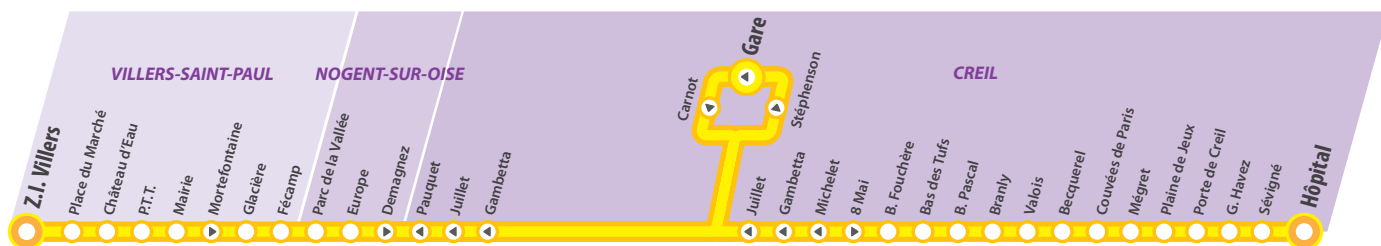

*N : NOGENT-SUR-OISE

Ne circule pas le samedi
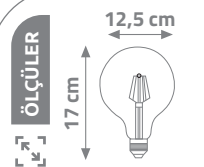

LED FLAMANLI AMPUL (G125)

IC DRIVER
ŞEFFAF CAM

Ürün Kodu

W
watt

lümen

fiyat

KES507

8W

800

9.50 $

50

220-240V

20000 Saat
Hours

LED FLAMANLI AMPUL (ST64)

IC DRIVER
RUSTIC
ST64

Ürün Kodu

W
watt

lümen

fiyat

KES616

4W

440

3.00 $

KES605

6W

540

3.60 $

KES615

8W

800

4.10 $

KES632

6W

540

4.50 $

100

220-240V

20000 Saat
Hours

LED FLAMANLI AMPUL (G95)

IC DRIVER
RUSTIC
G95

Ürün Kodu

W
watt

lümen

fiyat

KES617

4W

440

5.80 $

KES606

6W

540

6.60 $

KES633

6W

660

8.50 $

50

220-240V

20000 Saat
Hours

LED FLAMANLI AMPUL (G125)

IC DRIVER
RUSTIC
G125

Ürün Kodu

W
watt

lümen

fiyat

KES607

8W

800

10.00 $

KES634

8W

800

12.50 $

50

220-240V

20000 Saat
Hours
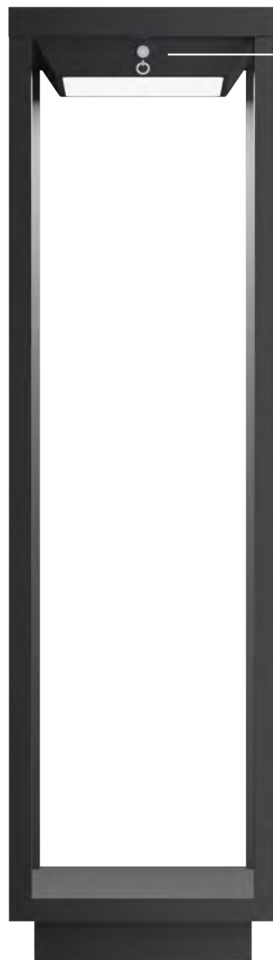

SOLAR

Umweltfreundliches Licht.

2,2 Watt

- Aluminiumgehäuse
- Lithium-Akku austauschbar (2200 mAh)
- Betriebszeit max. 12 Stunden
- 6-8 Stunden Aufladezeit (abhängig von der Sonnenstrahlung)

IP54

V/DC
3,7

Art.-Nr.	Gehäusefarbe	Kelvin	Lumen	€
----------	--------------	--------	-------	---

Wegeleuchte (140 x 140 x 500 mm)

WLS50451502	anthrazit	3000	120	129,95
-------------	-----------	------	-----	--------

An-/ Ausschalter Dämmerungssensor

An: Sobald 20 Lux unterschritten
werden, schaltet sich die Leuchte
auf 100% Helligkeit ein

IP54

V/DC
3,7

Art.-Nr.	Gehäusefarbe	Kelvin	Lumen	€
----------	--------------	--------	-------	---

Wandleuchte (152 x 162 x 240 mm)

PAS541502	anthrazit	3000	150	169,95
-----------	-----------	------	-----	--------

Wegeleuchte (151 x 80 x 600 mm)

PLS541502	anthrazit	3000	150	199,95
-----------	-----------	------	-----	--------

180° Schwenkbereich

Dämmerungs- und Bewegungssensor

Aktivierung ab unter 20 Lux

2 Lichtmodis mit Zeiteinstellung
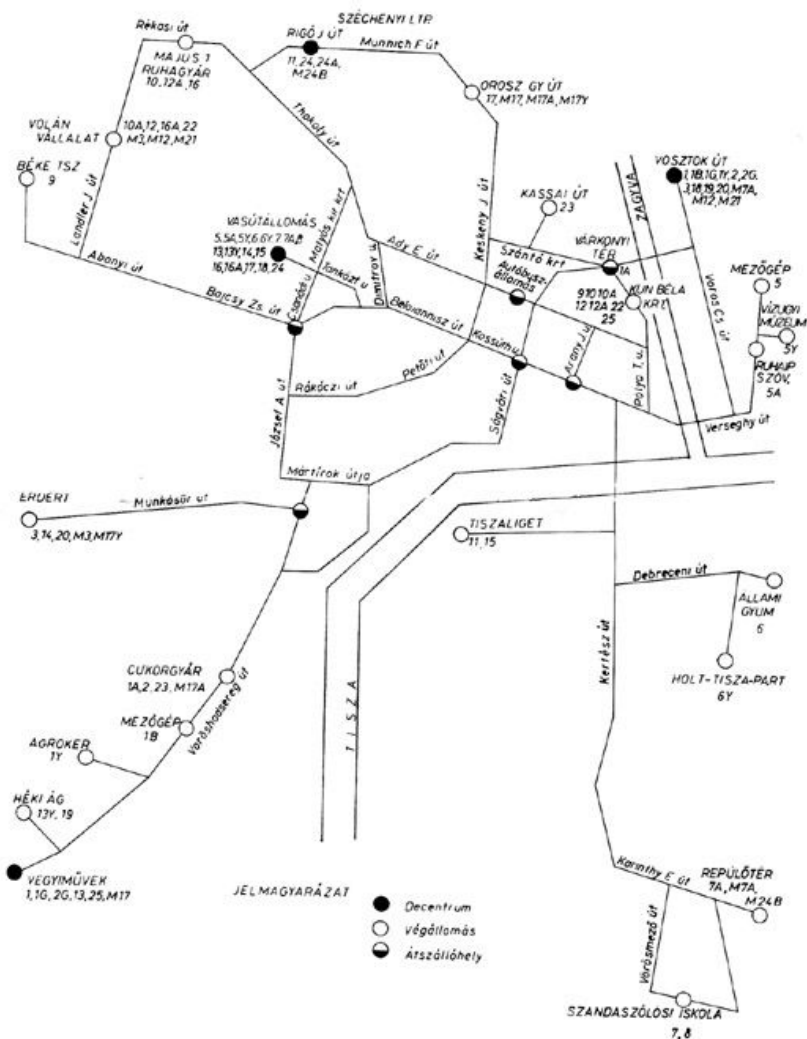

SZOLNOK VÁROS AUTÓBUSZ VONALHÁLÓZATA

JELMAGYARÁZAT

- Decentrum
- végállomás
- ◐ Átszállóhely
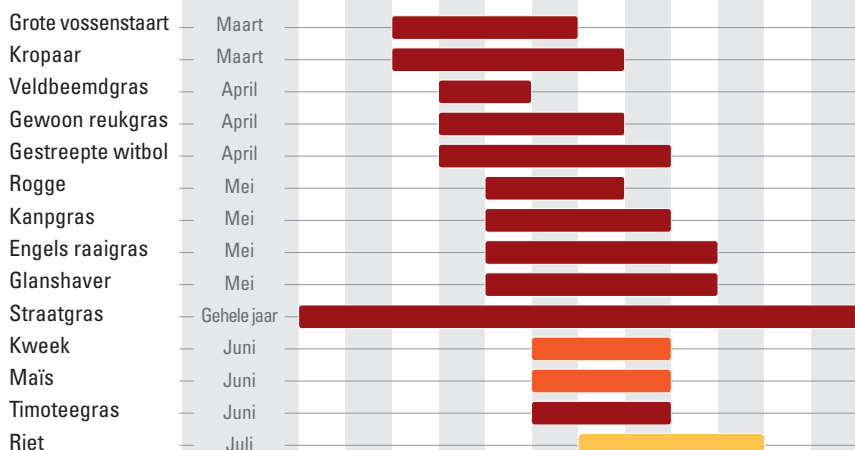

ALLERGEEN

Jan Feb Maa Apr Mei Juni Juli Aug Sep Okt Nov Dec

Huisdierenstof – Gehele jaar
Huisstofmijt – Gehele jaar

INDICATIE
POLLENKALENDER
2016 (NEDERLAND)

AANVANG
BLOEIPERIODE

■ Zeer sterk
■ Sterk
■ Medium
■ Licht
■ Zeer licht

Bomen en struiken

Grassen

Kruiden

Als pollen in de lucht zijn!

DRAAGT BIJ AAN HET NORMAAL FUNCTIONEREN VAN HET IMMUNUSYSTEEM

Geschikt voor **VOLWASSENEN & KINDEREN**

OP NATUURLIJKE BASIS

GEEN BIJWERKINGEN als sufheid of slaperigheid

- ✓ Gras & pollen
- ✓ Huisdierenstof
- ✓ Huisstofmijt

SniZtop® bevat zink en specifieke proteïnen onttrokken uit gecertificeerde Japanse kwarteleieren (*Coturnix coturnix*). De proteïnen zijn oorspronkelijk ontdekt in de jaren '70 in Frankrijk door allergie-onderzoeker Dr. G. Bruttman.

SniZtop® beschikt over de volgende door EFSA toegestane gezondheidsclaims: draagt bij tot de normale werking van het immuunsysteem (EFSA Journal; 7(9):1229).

:: WORK INSTRUCTIONS ::
In the data above, start at the line holding "An-/ Ausschalter Dämmerungssensor" and stop after the line holding "SniZtop® bevat zink"; write out those lines exactly, without pictures.

:: ANSWER FOR THE TASK ::
An-/ Ausschalter Dämmerungssensor

An: Sobald 20 Lux unterschritten
werden, schaltet sich die Leuchte
auf 100% Helligkeit ein

IP54

V/DC
3,7

Art.-Nr.	Gehäusefarbe	Kelvin	Lumen	€
----------	--------------	--------	-------	---

Wandleuchte (152 x 162 x 240 mm)

PAS541502	anthrazit	3000	150	169,95
-----------	-----------	------	-----	--------

Wegeleuchte (151 x 80 x 600 mm)

PLS541502	anthrazit	3000	150	199,95
-----------	-----------	------	-----	--------

180° Schwenkbereich

Dämmerungs- und Bewegungssensor

Aktivierung ab unter 20 Lux

2 Lichtmodis mit Zeiteinstellung

SZOLNOK VÁROS AUTÓBUSZ VONALHÁLÓZATA

JELMAGYARÁZAT

- Decentrum
- végállomás
- ◐ Átszállóhely

ALLERGEEN

Jan Feb Maa Apr Mei Juni Juli Aug Sep Okt Nov Dec

Huisdierenstof – Gehele jaar
Huisstofmijt – Gehele jaar

INDICATIE
POLLENKALENDER
2016 (NEDERLAND)

AANVANG
BLOEIPERIODE

■ Zeer sterk
■ Sterk
■ Medium
■ Licht
■ Zeer licht

Bomen en struiken

Grassen

Kruiden

Als pollen in de lucht zijn!

DRAAGT BIJ AAN HET NORMAAL FUNCTIONEREN VAN HET IMMUNUSYSTEEM

Geschikt voor **VOLWASSENEN & KINDEREN**

OP NATUURLIJKE BASIS

GEEN BIJWERKINGEN als sufheid of slaperigheid

- ✓ Gras & pollen
- ✓ Huisdierenstof
- ✓ Huisstofmijt

SniZtop® bevat zink en specifieke proteïnen onttrokken uit gecertificeerde Japanse kwarteleieren (*Coturnix coturnix*). De proteïnen zijn oorspronkelijk ontdekt in de jaren '70 in Frankrijk door allergie-onderzoeker Dr. G. Bruttman.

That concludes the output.